### MATERIAL FOR THIS EXERCISE

*** Begin section ***

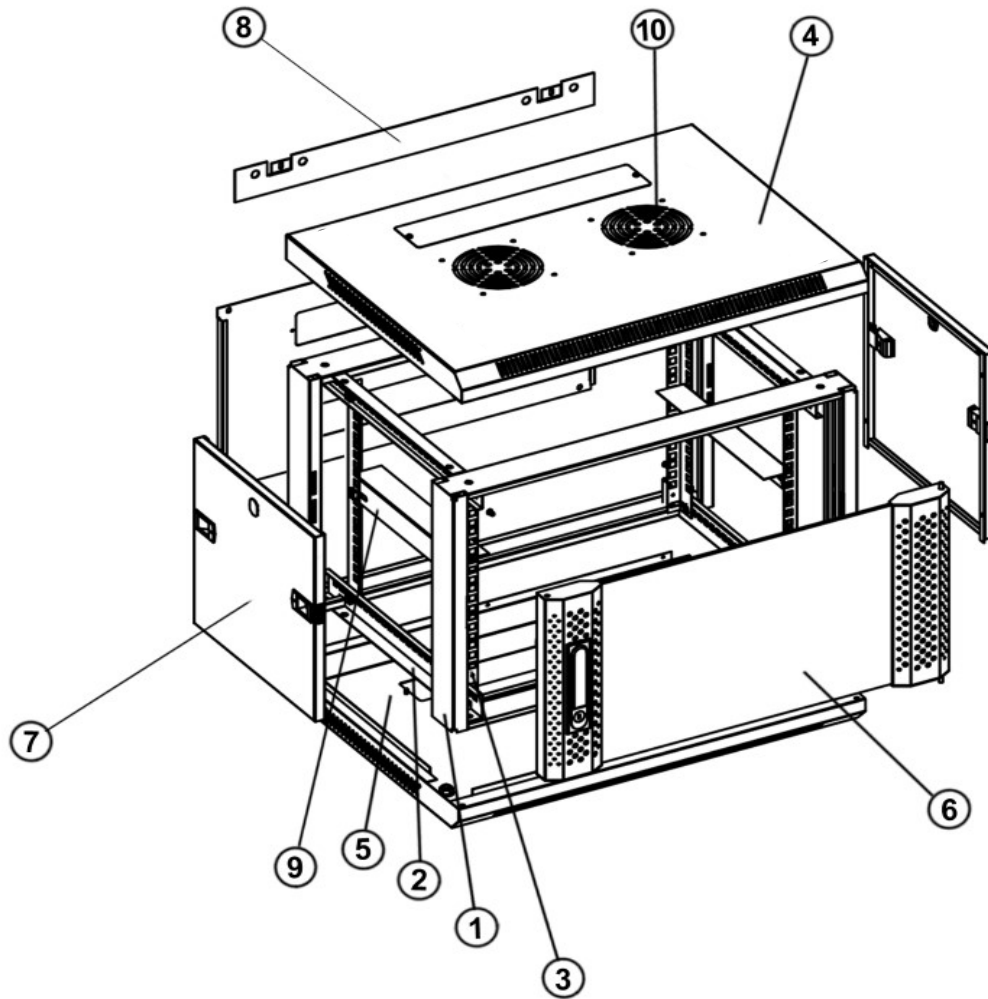

WALL MOUNT CABINET 600MM WIDE WITH GLASS DOOR

Equipped with

- ◆ Removable side walls
- ◆ Floor and roof plate with prepared ventilation openings
- ◆ 4x 19 inch profile with height indication
- ◆ Doors to open both on the right side and on the left side
- ◆ Cable entry at the top and bottom
- ◆ Front door, rear door and side walls equipped with locks
- ◆ unassembled delivery

Included

- ◆ 20 cage nut sets
- ◆ 6 keys (2 per lock)

Maximum load

- ◆ 60 kg

SPECIFICATIONS

Number	Name	Amount
1	Frame	2
2	Horizontal crossbars	4
3	Vertical profile rails	4
4	Top plate with cable entry	1
5	Bottom plate	1
6	Glass door with lock	1
7	Removable side walls with lock	2
8	L-shaped bar	2
9	Ventilation holes including a cover plate on the inside of the server cabinet	2

DETAILED DRAWING

Bottom view

Side view

Front view

Side view

Top view

Back view

OPTIONS

DS6609

POSSIBLE DIMENSIONS

Width		Depth		Height		Specifications	
600 mm	6	450 mm	4	6U	06	Wall mount cabinet	-Wand
		600 mm	6	9U	09	Colour: white	W
				12U	12		
				15U	15		
				18U	18		

Example 1: 600 mm width x 450 mm depth x 6U height => **6-4-06** = DS6406
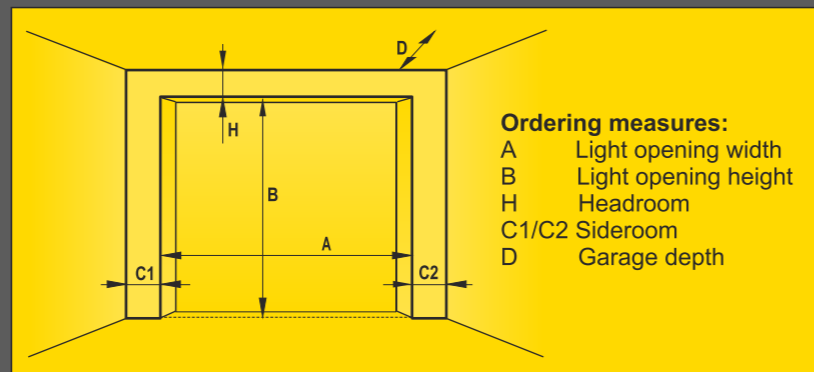

R30 standard panels:

Standard pattern:

i Standard colour outside/inside - RAL 9016 (traffic white)

Standard size only	Midrib	Cassette
2375 x 2000	✗	
2375 x 2125	✗	
2400 x 2000	✗	✗
2400 x 2125	✗	✗
2500 x 2000	✗	✗
2500 x 2125	✗	✗
2750 x 2000	✗	✗
2750 x 2125	✗	✗
3000 x 2000	✗	✗
3000 x 2125	✗	✗

Sectional garage door **R30**

Low headroom double tracks
required headroom - min. 100 mm (manual)
Extension springs UM - mounted under tracks

Tension springs assembly. Under-track mounted springs are factory pre-installed and covered, what grants an easy installation and safe operation. Four spring system protects the door even in case of one spring failure.
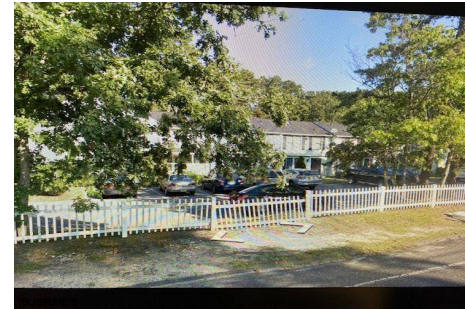

# Berger Realty

Since 1928

Berger Realty, Inc.  
3160 Asbury Avenue  
Ocean City, NJ 08226  
1-877-237-4371 / 609-399-0076  
info@bergerrealty.com

69 Theresa Ct, 69, Galloway Township, NJ, 08205

Price \$219,000.00

*** End section ***

### WHAT IS BEING ASKED
Each line above, from the one that contains "3160 Asbury Avenue" to the last line of the records, should be repeated exactly. Leave out all others.

### RESULT
3160 Asbury Avenue  
Ocean City, NJ 08226  
1-877-237-4371 / 609-399-0076  
info@bergerrealty.com

69 Theresa Ct, 69, Galloway Township, NJ, 08205

Price \$219,000.00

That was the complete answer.